Activity » Only one portion of the data is to be written out: from the line bearing "Brushed Champagne (22kt" through the line bearing "Regulations". Write it exactly as it appears.

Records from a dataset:
<<<<

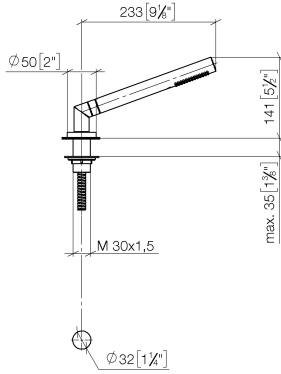

Hand shower set for bath rim or tile edge installation - Matte White

TARA

27 702 979

Fits: TARA, LISSÉ

- COMPACT RAIN, max. flow rate 6.8 l/min (at 3 bar)
- with anti-scale system
- rosette Ø 50 mm
- hole diameter 32 mm
- metal shower hose 1750mm with integrated anti-twist protection
- WRAS 2209005

Two-piece design allows hose to later be changed without dismantling the fitting.

Intrinsic protection against back flow.

	Matte White	27 702 979-10
	Chrome	27 702 979-00
	Brushed Platinum	27 702 979-06
	Platinum	27 702 979-08
	Durabronze (23kt Gold)	27 702 979-09
	Dark Chrome	27 702 979-19
	Brushed Light Gold	27 702 979-27
	Brushed Durabronze (23kt Gold)	27 702 979-28
	Matte Black	27 702 979-33
	Brushed Bronze	27 702 979-42
	Brushed Champagne (22kt Gold)	27 702 979-46
	Champagne (22kt Gold)	27 702 979-47
	Brushed Chrome	27 702 979-93
	Brushed Dark Platinum	27 702 979-99

27 702 979

mm [inches]

Flow rate chart

Codes & Standards

EN 1717

Scottish Water
Byelaws

UK Water Supply
Regulations

Hand shower set for bath rim or tile edge installation - Matte White

Hand shower set for bath rim or tile edge installation - Matte White

TARA

27 702 979

Spare parts list

Product version up to 5/15/2020

Product version from 5/15/2020

No.	Item Number	Name	Quantity used	Delivery time
	28 019 979-10	Hand shower - Matte White	9	-

>>>>

Task solution »
	Brushed Champagne (22kt Gold)	27 702 979-46
	Champagne (22kt Gold)	27 702 979-47
	Brushed Chrome	27 702 979-93
	Brushed Dark Platinum	27 702 979-99

27 702 979

mm [inches]

Flow rate chart

Codes & Standards

EN 1717

Scottish Water
Byelaws

UK Water Supply
Regulations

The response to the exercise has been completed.